→ **ACTIVITY**
Whenever a line below holds the word "mixer", copy that line.
▼▼▼
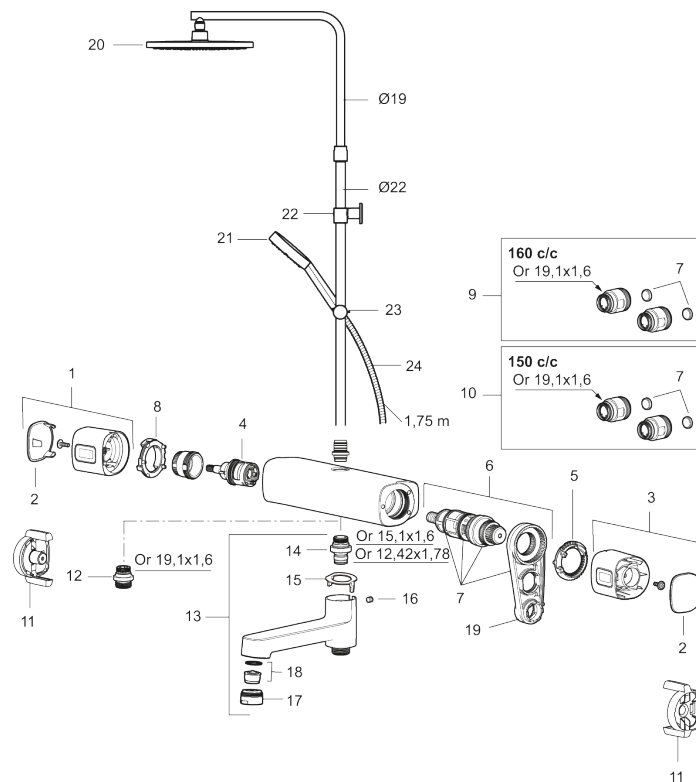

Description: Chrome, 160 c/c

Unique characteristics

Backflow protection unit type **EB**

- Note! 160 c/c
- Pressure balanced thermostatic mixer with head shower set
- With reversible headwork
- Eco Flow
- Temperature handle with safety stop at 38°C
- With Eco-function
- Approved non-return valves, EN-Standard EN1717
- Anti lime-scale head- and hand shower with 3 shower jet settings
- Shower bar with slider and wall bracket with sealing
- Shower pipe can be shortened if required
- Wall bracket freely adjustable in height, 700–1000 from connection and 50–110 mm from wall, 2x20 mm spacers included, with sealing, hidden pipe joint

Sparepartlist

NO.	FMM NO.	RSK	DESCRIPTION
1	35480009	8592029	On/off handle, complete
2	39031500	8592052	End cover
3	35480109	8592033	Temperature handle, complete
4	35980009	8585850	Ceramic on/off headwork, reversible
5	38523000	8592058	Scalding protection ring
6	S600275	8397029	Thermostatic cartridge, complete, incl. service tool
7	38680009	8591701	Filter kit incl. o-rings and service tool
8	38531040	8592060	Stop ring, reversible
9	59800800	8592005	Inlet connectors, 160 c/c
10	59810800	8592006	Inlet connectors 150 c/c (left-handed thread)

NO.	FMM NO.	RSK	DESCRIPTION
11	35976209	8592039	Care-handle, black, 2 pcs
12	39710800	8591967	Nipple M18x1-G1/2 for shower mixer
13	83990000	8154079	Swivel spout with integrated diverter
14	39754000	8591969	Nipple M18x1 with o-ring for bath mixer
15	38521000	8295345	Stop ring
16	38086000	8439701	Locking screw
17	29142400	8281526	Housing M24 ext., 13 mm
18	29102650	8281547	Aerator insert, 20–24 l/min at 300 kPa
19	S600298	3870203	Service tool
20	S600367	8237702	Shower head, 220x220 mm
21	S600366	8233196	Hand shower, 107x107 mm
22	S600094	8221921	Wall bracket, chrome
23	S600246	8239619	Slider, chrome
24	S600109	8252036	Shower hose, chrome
▲▲▲
▼▼▼
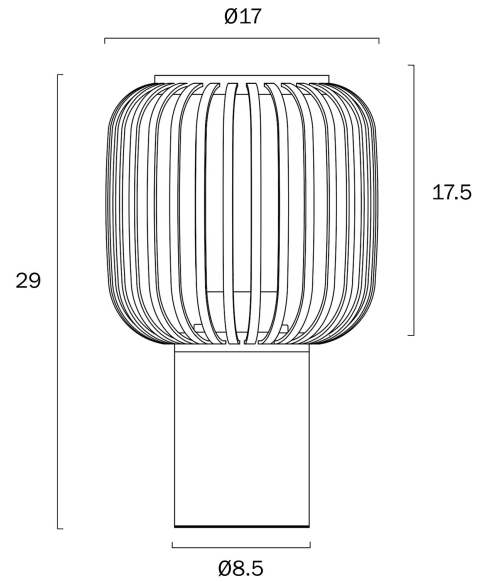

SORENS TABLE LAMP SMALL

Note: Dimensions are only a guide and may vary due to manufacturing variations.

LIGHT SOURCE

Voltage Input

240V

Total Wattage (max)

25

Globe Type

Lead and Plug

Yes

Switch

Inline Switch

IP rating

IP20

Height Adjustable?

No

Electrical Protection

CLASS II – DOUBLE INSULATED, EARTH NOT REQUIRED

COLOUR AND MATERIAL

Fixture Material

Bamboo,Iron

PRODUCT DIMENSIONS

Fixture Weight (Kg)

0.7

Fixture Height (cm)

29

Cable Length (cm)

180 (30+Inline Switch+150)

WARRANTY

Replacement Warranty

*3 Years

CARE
▲▲▲
▼▼▼
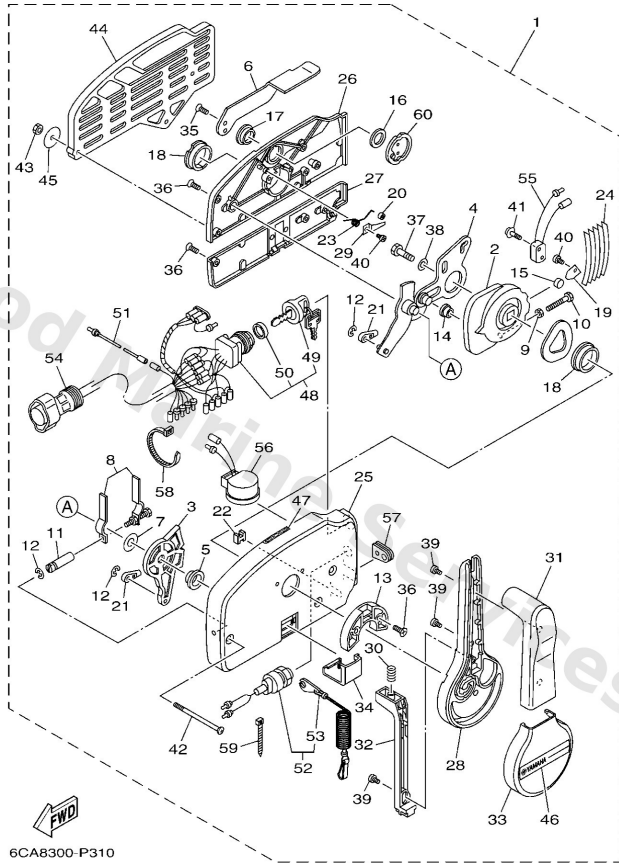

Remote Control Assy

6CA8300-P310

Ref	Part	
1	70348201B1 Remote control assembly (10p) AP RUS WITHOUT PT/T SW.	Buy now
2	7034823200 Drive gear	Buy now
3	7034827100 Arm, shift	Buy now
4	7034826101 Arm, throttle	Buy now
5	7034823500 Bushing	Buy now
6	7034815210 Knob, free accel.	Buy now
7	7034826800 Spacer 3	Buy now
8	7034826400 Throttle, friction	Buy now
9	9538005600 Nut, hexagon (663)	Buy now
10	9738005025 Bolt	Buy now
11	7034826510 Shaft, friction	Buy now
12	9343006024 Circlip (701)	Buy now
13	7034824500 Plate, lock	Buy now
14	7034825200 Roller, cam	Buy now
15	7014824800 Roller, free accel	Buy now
▲▲▲
→ **REPLY**
- Pressure balanced thermostatic mixer with head shower set
12	39710800	8591967	Nipple M18x1-G1/2 for shower mixer
14	39754000	8591969	Nipple M18x1 with o-ring for bath mixer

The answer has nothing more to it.